The financial statements of the Company have been prepared in accordence with the Generally Accepted Accounting Principles in India (Indian GAAP). The Company has prepared these financial statements to comply in all material respects with the Accounting Standered notified under the Companies (Accounting standard) Rules, (as amended), the relevent provisions of the Companies Act, 1956. The financial statements have been prepared on the accrual besis under the historical cost convention. The accounting policies adopted in the preparation of the financial statements are consistent with those followed in previous year.

(b) Use of Estimates

The preparation and presentation of financial statements requires estmates and assumption to be made that acffect the reported amount of assets and laibilities on the date of the financial statemen and the reported amount of revenues and expenses during the reported period. Difference between the actual result and estimates are recognised in the period in which the results are known/ materialised.

(c) Fixed Assets.

Fixed Assets are stated at cost less accumulated depreciation and amortisation. The cost of an assets comprises for purchase price and any directly attributable cost of bringing the assets to working condition for its inteded use.

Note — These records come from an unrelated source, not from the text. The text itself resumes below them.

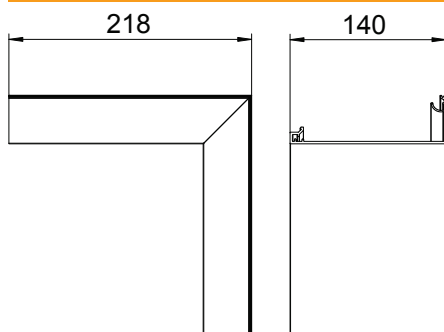

## Kryt vnitřního rohu Style

Výr. č. 6115895

Kryt pro vnitřní roh designového kanálu pro vestavbu přístrojů řady GAD. Designové provedení „Style“ k úplnému zakrytí systémového otvoru a spínacích přístrojů a zásuvek.

### Kmenová data

Č. výr.	6115895
Typ	OT I Style EL
Označení 1	horn.díl,vnitř.roh,kanálDesign
Označení 2	Desing Style
Materiál	Hliník
Zkratka materiálu	Alu
Povrch	eloxováno
Povrch zkratka	EL
Nejmenší prodejní množství	1 kus
Hmotnost	45,50 kg/100 ks

### Technické údaje

Provedení	Ostatní
Tvar	asymetrický
Kabelový úchyt	<input type="checkbox"/>
Upevňovací prvek	<input type="checkbox"/>
Způsob montáže vrchních dílů	s přesahem
Montážní děrování ve dně	<input type="checkbox"/>
Ochranná fólie	<input checked="" type="checkbox"/>
Rozsah úhlu	90,00 - 90,00 °
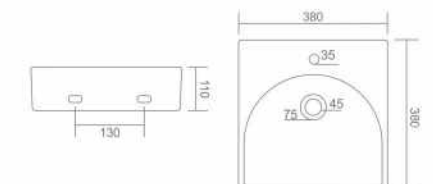

L 12" W 12" H 5"

MRP

White : ₹ 1040/-
Black : ₹ 1770/-

L 11" W 15" H 5"

MRP

White : ₹ 1360/-
Black : ₹ 2310/-

L 16" W 20" H 6"

MRP

White : ₹ 2000/-
Black : ₹ 3400/-

L 10" W 16" H 5"

MRP

White : ₹ 1040/-
Black : ₹ 1770/-

L 14" W 18" H 6"

MRP

White : ₹ 1520/-
Black : ₹ 2580/-

L 15" W 17" H 6"

MRP

White : ₹ 1520/-
Black : ₹ 2580/-

L 15" W 15" H 4"

MRP

White : ₹ 1520/-
Black : ₹ 2580/-
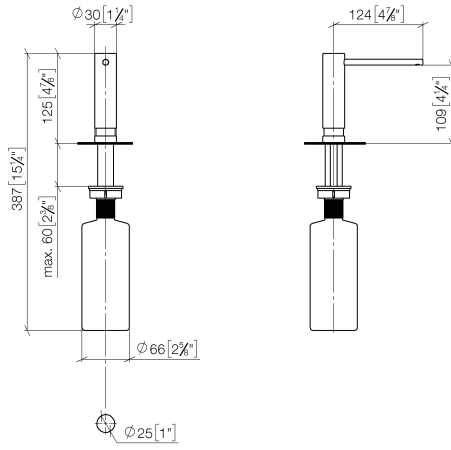

Spender ohne Rosette - Platin

MEM

82 424 970

- Ausladung 124 mm
- 500 ml Flaschenvolumen
- von oben befüllbar
- schwenkbarer Pumpenkopf
- Höhe 125 mm
- Breite 30 mm
- Bohrungsdurchmesser 25 mm

Passt zu ELIO, ENO, MEM, META SQUARE, SYNC und TARA ULTRA

Passt zu: MEM, ELIO, ENO, TARA ULTRA, SYNC, META SQUARE

	Platin	82 424 970-08
	Chrom	82 424 970-00
	Platin gebürstet	82 424 970-06
	Messing (23kt Gold)	82 424 970-09
	Dark Chrome	82 424 970-19
	Messing gebürstet (23kt Gold)	82 424 970-28
	Schwarz matt	82 424 970-33
	Champagne gebürstet (22kt Gold)	82 424 970-46
	Champagne (22kt Gold)	82 424 970-47
	Chrom gebürstet (Edelstahl-Look)	82 424 970-93
	Dark Platinum gebürstet	82 424 970-99

82 424 970

mm [inches]

82 424 970

Ersatzteile für die
anderen
Oberflächenvarianten
finden Sie hier:
Chrom

Spender ohne Rosette - Platin

MEM

82 424 970

Ersatzteilstückliste

Nr.	Artikelnummer	Benennung	Verbaumenge	Lieferzeit
	90 10 10 539 00-08	Spender Kopf kpl. Einbauvariante ohne Rosette - Platin	5	40

There is no intangible asset.

(d) Depreciation on Tangible Assets

Depreciation on Fixed Assets provided on Straight Line Method at rates and in the manner prescribed in Schedule XIV to the Companies Act, 1956 .

(e) Investments

Non current investments are stated at cost. Investments are classified as long term and current investments. Long Term investments are carried individually at cost.

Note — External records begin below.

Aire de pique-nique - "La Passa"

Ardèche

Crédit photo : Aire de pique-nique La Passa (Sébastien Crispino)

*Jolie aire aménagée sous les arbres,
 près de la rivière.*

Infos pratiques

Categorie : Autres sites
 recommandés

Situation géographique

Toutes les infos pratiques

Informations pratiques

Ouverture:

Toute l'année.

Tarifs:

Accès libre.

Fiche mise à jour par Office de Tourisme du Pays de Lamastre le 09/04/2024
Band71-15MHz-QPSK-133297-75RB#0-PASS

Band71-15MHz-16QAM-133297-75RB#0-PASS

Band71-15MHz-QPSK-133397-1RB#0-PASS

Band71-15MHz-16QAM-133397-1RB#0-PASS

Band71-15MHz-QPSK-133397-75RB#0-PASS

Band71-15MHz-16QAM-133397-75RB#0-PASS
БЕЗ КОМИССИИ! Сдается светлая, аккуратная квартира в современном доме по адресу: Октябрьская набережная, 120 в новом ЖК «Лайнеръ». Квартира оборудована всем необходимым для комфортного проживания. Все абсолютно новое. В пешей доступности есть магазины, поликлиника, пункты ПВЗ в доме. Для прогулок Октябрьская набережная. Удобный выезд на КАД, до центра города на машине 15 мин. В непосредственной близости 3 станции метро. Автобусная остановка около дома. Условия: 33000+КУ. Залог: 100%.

(f) Stock (Inventories) of Securities

Stock of securities is valued at lower of cost and net realisable value. Cost is determined on weighted average basis.

(g) Employee benefits.

(i) The Company follows the policy of "pay as you go" method for gratuity and hence no provision is made in the books of accounts.

(ii) No provision is made for leave encashment payments and same is accounted when paid.

Mar 31, 2010

(a) The Company follows the mercantile system of accounting both as to Income and Expenditure except those with significant uncertainities.

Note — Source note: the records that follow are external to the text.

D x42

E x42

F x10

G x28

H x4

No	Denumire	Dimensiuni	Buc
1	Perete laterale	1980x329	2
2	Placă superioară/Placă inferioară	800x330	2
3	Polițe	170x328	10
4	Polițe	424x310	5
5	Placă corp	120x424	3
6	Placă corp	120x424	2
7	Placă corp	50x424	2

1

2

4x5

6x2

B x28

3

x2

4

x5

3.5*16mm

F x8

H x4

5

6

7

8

(b) Investments are accounted on actual cost basis.

(c) Inventories are valued at cost or market price whichever is lower.

(d) Fixed Assets are stated at cost less depreciation.

(e) Depreciation on all Assets is provided on Straight Line Method in accordance with provisions of section 205(2) of Companies Act, 1956.

(f) Retirement Benefits :

(i) The Company follows the policy of "pay as you go" method for gratuity and hence no provisions are made in the books of accounts.

(ii) No provision is made for leave encashment payments and same is accounted when paid.

(g) Taxation :

Tax expenses comprise both current tax and deferred tax at the applicable enacted or substantially enacted rates. Current tax represents the amount of income tax payable/recoverable in respect of the taxable income/loss for the reporting period.

Deferred tax represents the effect of timing difference between taxable income and accounting income for the reporting period that originates in one period and are capable of reversal in one or more subsequent periods.

Deferred tax assets are recognised only if there is a reasonable certainty that sufficient future taxable income will be available, against which they can be realised. The carrying amount of deferred tax assets is reviewed at each Balance Sheet date and reduced to the extent that it is no longer probable that sufficient taxable profit will be available to allow all or part of the deferred tax asset to be utilised.